Esa mutación lo ha conducido a una zona híbrida de la literatura, desentendida de las habituales convenciones de la escritura como género ligado a lo real, a la representación e incluso originalidad autoral. A fines de 2010 Ezequiel creó junto a su hermano Manuel, Spiral Jetty, una editorial dedicada a lo que a grandes rasgos podría llamarse poesía visual. Allí editó El tratado contra el método de Paul Feyerabend, o El libro blanco de la revista Time, en los que intervenía sobre textos existentes. El primero era un subrayado, el segundo un conjunto de gráficos y extrañas citas periodísticas. Este año la editorial Interzona publicó una antología de lo que denominó Escrituras objeto, donde Ezequiel Alemian aparecía junto a autores como Leónidas Lamborghini y Arturo Carrera.
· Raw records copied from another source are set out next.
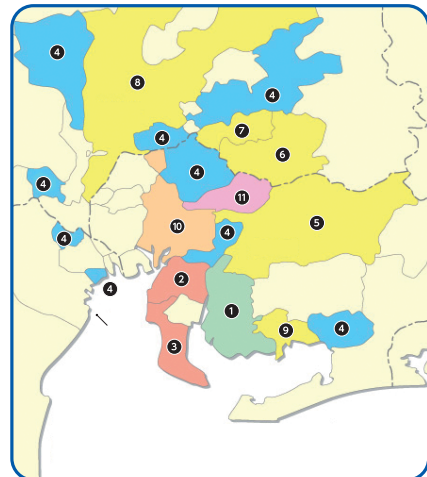

ケーブルサービスご加入中で

お引っ越しされる方へ⇒

お引っ越し先(転居先)でも以下のCNCIグループ局の
ケーブルサービスをご利用いただくと

もれなく! 商品券
10,000円分
プレゼント!!

※同ケーブルテレビ局内での
移転は除く。

お手続きはとっても簡単!

【お手続きの流れ】

※お届けについては、転居先のケーブルテレビ局にお問い合わせください。

転居先のCNCIグループ局をチェック!

<p>1 KATCH 【愛知県】刈谷市・安城市・高浜市 知立市・碧南市・西尾市</p>	<p>2 medias 【愛知県】東海市・大府市 知多市・知多郡東浦町</p>	<p>3 TAC CNCI 知多半島ケーブルネットワーク株式会社 【愛知県】常滑市・知多郡武豊町 美浜町・南知多町</p>
<p>4 CCNet 【愛知県】春日井市・小牧市・犬山市・丹羽郡扶桑町・大口町 名古屋市緑区・豊明市・日進市・愛知郡東郷町・豊川市 【岐阜県】各務原市・美濃加茂市・加茂郡川辺町・白川町・八百津町・本巣市・養老郡養老町 【三重県】三重郡川越町・朝日町・桑名市多度町</p>	<p>5 ひまわりネットワーク 【愛知県】 豊田市・みよし市・長久手市</p>	
<p>6 Oribe 【岐阜県】 多治見市 土岐市 瑞浪市</p>	<p>7 CR いつもつながっています。 ケーブルテレビ可視 【岐阜県】 可児市・可児郡御嵩町</p>	<p>8 CCN 【岐阜県】岐阜市(一部地域を除く)・羽島市 笠松町・岐南町・関市・美濃市・各務原市川島町 本巣郡北方町・瑞穂市(一部地域を除く)・山県市 下呂市・郡上市(デジタル放送サービスのみ)</p>
<p>9 三河湾ネットワーク株式会社 【愛知県】 蒲郡市・額田郡幸田町</p>	<p>10 starcat 【愛知県】名古屋市中区・中村区・東区・西区 北区・南区・千種区・昭和区・天白区 名東区・瑞穂区・中川区・熱田区・港区・北名古屋市・西春日井郡豊山町・岩倉市 江南市・清須市西枇杷島町(一部地域を除く)・清須市春日(一部地域を除く)</p>	<p>11 Green City 【愛知県】 名古屋市守山区 尾張旭市・瀬戸市</p>
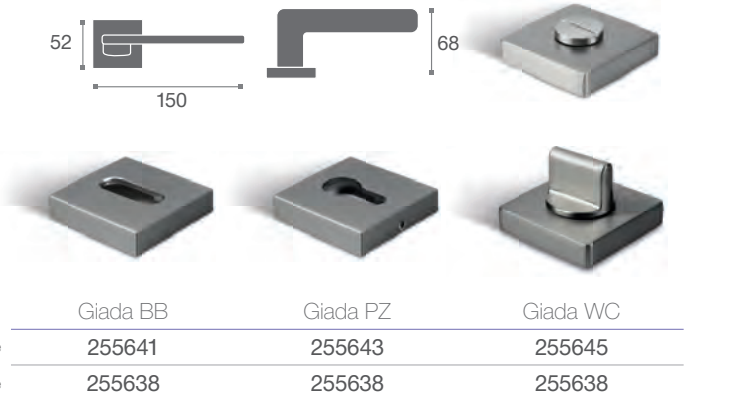

COLPITO

Matný broušený nikel /chrom lesklý
Matt nickel brushed / chrome

Klíku je možno objednat v provedení broušený nikel (NI) nebo broušený nikel / lesklý chrom (CR) včetně příslušných rozet.
Door handle can be ordered in brushed nickel finish (NI) or brushed nickel / polished chrome finish (CR), corresponding roses are included.

GIADA

Matný broušený nikel
Matt nickel brushed

Baleno samostatně. Je třeba objednat klíku (kód) + rozetu (kód). Kód klíky: **255638**
Separate packing. Please order door handle (code) + rose (code). Door handle code: **255638**

GIADA

Lesklý chrom
Chrome

Baleno samostatně. Je třeba objednat klíku (kód) + rozetu (kód). Kód klíky: **255639**
Separate packaging. Please order door handle (code) + rose (code). Door handle code: **255639**

ELCA

Nerez broušená
Stainless steel brushed
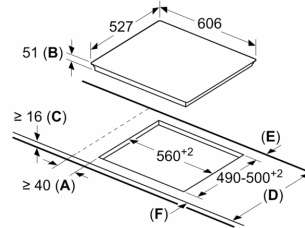

#### Розміри:

- Конфорки: 1 x Ø 380 мм x 240 мм, 3.3 кВт (макс. потужність 3.7 кВт) індукція або 2 x Ø 190 мм, 2.2 кВт (макс. потужність 3.7 кВт) індукція; 1 x Ø 380 мм x 240 мм, 3.3 кВт (макс. потужність 3.7 кВт) індукція або 2 x Ø 190 мм, 2.2 кВт (макс. потужність 3.7 кВт) індукція
- 17 рівнів потужності

#### Розміри:

- Розміри ніші для вбудовування: (ВхШхГ) 51 мм x 560 мм x 490 мм
- Мінімальна товщина робочої поверхні: 16 мм
- Потужність підключення: 7.4 кВт
- Кабель електроживлення у комплекті
- Конфорки: 1 x Ø 380 мм x 240 мм, 3.3 кВт (макс. потужність 3.7 кВт) індукція, або 2 x Ø 200 мм, 2.2 кВт (макс. потужність 3.7 кВт) індукція; 1 x Ø 380 мм x 240 мм, 3.3 кВт (макс. потужність 3.7 кВт) індукція, або 2 x Ø 200 мм, 2.2 кВт (макс. потужність 3.7 кВт) індукція
- Функція підтримання страв у теплому стані для всіх конфорок

**Series 8, Flex induction hob, 60 cm,  
Black, surface mount with frame  
PXX675DV1E**

①  
Необхідно передбачити  
вентиляційну щілину

Габарити в мм

①  
Необхідно передбачити  
вентиляційну щілину

Габарити в мм

Розміри в мм

**A:** Мінімальна відстань від вирізу для варильної панелі до стіни.  
**B:** Глибина встановлення  
**C:** Зазор між поверхню стільниці і верхньою частиною передньої сторони духової шафи має становити 30 мм. Див. вимоги щодо розміщення духової шафи.

Respecto de sus trabajos en esta zona experimental, él dice: “La clasificación no tiene demasiado sentido, es una manera de señalar un trabajo diferente, pero ese trabajo pide evitar las clasificaciones. A mí me gusta hablar siempre de ‘textos’, sin identificar si se trata de novelas, poemas, poesía visual. En eso, creo que cuanto más inespecífica sea la clasificación, mejor. Me parece que la discusión por los géneros es vieja, está superada. El horizonte de esa discusión es la disolución de los géneros. Por qué mejor, entonces, no darlos por ya disueltos y trabajar a partir de ahí. ¿Lo que me interesa de eso? Lo físico, la escritura como ruido, como material refractario, como energía”.
Además de las mencionadas, otras líneas paralelas que se cruzan en sus libros son el periodismo y la ficción. Alemian defiende esa pertenencia a capa y espada: “Cualquier escritor mediocre habla mal del periodismo. Pero si ellos fuesen el metro para evaluar el estado de la literatura, estaríamos todos hablando pestes de la literatura”. En su paso por distintas secciones en diarios, lo más raro ha sido su especialización en Finanzas. Escribió y editó en El Cronista Comercial, BAE, Thomson Financial, entre otros medios. Cierto enfoque duro, material y numérico de sus libros más experimentales –El Talibán o El libro blanco de la revista Time– parece generado a partir de los tiempos muertos y restos diurnos de aquel trabajo. “Cuando empecé a trabajar de periodista eran los primeros años de la convertibilidad y había muchos espacios en los medios, incluso los más nuevos, demandando información sobre negocios, inversiones, dinero personal, marketing, cuestiones macro. En eso había trabajo y me fui vinculando.”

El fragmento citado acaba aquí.